More importantly, their farms are concentrated within a radius of 30 kilometres, a key consideration for reducing the cost of grain delivery to the future elevator.
Approximately 20 producers, men and women ranging from 25 to 50 years old, await Côté and his team in the city hall, a grey monolith whose entrance is shaded by a colossal statue of Lenin.
Maksym Maksymov takes the stage and explains the advantages of a co-operative elevator. It would offer storage facilities, plus cleaning and drying. It would also blend grains for sale by the pool, and he says it would provide these services for half the price charged by surrounding elevators, according to the team’s market study.
The project would be built in three phases: a first silo of 20,000 tonnes would be built near the main railway, followed by two other silos of 10,000 tonnes each.
Questions fill the room, especially regarding the financial obligations on the farmers. There are answers too, but suddenly, voices and tension increase. One farmer gets up and quickly walks out of the room, followed by almost everyone else.
What happened?
“The first draft of this project was laid out five years ago. Each time, the Canadians change the rules,” Leonid Chernoknijiyj, president of the local grain producers association told us through an interpreter.
The issue is farmer control. Under the original plan, farmers would have had 80 per cent control of the co-op. Under the new plan, they’d get only 30 per cent.
The reason, says Côté, is that the elevator would be managed as a part of a larger union of co-operatives. “We are not coming to Ukraine to build one or two elevators,” Côté says. “The goal is to spread the co-op movement all over the country.”
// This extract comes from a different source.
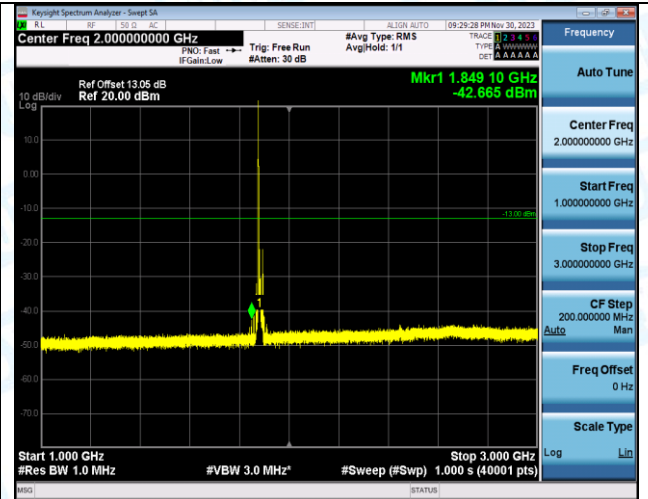

Band2_10MHz_QPSK_18900_1RB#0_1000-3000_1000-3000

Band2_10MHz_16QAM_18900_1RB#0_0.009~0.15_0.009~0.15

Only three producers remained in the room to discuss the project. Among them, they farm less than 500 acres, and produce less than 500 tonnes of grains.
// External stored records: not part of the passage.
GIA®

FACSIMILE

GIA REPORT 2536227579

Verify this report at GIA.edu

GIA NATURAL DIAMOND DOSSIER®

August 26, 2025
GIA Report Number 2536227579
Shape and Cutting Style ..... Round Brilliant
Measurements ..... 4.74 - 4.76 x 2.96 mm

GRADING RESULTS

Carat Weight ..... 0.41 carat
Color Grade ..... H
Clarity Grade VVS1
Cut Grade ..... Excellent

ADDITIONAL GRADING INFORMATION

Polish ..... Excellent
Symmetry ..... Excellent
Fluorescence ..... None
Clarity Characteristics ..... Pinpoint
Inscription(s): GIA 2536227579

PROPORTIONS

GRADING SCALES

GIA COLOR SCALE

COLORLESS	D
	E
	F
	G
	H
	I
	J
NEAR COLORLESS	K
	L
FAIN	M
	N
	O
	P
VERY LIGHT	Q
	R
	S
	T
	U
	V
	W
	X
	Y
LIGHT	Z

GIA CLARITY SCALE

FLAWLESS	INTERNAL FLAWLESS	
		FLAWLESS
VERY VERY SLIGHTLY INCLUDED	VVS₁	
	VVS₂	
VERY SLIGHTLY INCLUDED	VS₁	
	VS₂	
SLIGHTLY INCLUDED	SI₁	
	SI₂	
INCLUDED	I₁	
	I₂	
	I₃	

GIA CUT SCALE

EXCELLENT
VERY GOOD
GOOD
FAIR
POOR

The Canadian team seems very far from its objective to rally at least 70 producers to get the critical mass necessary to erect the first silo.
At the dinner following the disastrous meeting, presided by Chernoknijiyj, the few toasts filled with local vodka don’t quite warm the atmosphere, but Ukrainians and Canadians promise they will work out their differences.
According to Vadim Udovitskiy, chief of Dnipropetrovsk’s agriculture department, it is very hard for the Ukrainian producers, having only known state farms for more than 60 years. “Our producers don’t realize that they can take individual business decisions within a collective movement,” says Udovitskiy.
Undeterred by this first meeting, Camil Côté is now rethinking his strategy.
Four years ago, he launched a similar program in the dairy sector and today seven dairy co-ops operate in the country. These co-ops have doubled the annual net returns of 1,100 dairy producers, using better feed management and better animal genetics to increase milk production.
“We have done it in the dairy sector,” says Côté. “I don’t see why we would not succeed in the grain sector.”